■ Description of the task: Using the entries that follow, establish how many lines contain the word "rotante" and give only that figure.

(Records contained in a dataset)
*** Begin section ***

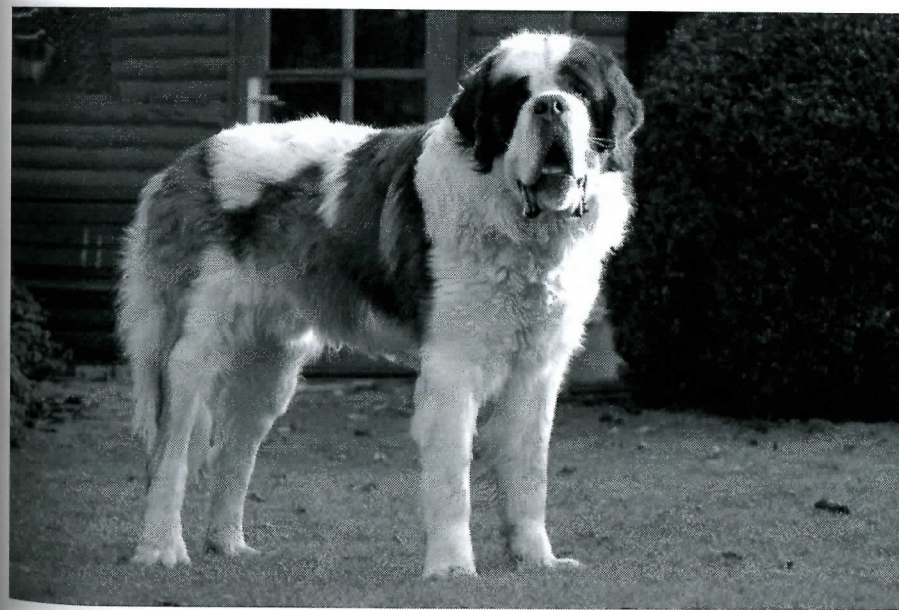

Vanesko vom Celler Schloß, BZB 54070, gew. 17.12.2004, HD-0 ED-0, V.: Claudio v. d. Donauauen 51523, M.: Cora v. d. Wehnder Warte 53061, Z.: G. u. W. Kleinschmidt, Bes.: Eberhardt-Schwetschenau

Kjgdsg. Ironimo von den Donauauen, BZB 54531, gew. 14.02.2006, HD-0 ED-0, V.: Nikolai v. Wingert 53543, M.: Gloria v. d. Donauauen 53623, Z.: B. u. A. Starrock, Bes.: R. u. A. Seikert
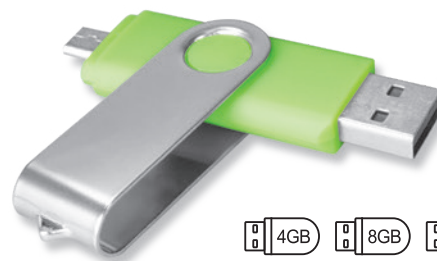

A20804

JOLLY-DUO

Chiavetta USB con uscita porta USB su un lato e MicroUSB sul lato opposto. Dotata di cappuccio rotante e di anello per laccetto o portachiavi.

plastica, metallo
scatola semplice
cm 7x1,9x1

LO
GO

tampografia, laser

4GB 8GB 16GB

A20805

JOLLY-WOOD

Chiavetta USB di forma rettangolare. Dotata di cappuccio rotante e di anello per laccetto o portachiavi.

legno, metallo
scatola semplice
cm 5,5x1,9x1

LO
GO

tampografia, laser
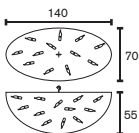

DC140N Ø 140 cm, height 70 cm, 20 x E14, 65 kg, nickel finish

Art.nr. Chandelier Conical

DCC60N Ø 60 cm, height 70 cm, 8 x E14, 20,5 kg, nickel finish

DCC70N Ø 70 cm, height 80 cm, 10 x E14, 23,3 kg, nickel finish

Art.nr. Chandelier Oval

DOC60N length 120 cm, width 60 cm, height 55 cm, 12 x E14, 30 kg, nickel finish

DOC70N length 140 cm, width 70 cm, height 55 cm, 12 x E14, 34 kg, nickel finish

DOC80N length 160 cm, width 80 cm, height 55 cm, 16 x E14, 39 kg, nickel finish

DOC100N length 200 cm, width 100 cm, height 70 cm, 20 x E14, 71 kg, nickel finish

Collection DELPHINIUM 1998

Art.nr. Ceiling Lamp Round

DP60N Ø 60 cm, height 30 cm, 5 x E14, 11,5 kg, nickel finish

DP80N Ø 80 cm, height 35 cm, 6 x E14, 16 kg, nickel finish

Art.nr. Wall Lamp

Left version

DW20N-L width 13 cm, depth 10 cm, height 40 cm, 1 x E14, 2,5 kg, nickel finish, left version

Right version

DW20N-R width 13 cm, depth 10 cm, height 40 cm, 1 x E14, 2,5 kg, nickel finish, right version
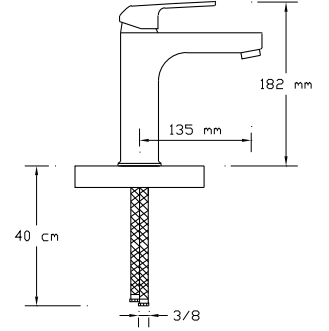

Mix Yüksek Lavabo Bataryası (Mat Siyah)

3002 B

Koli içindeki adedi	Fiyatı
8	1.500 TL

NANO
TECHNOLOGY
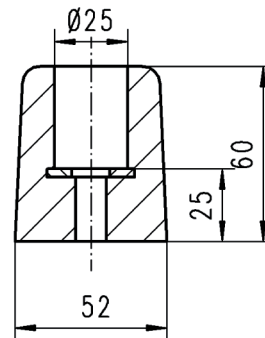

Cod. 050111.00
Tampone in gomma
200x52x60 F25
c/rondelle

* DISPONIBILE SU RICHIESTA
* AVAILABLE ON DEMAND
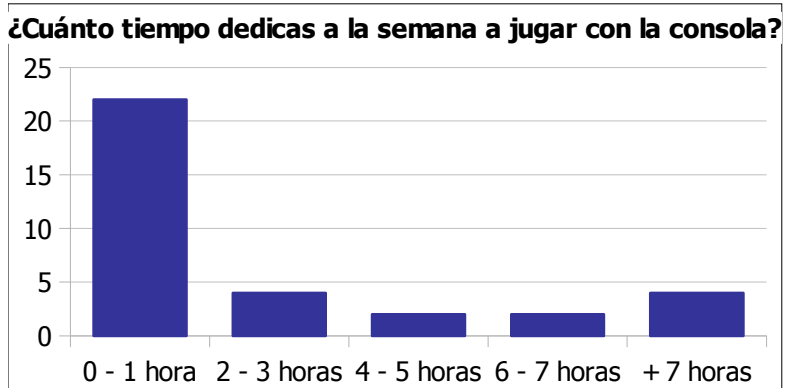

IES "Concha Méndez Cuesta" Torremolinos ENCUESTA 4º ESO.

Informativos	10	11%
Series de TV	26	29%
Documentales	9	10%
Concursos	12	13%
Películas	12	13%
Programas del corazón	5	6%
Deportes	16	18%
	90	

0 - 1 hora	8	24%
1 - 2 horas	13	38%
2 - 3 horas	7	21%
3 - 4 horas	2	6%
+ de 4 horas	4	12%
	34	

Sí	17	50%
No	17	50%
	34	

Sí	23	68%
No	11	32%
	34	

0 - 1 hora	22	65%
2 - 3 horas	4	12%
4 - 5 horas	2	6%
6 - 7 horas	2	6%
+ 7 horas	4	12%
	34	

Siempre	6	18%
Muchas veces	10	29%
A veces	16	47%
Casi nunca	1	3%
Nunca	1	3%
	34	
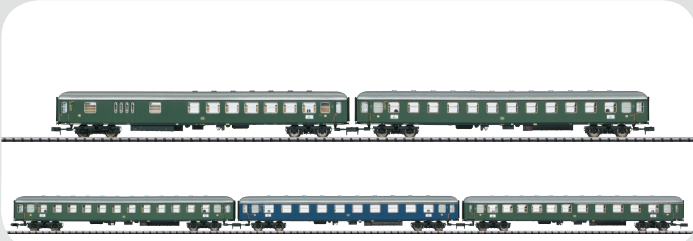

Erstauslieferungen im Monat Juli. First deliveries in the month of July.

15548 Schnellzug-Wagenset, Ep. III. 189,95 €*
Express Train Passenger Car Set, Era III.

*** End section ***

■ Solution to this exercise: 2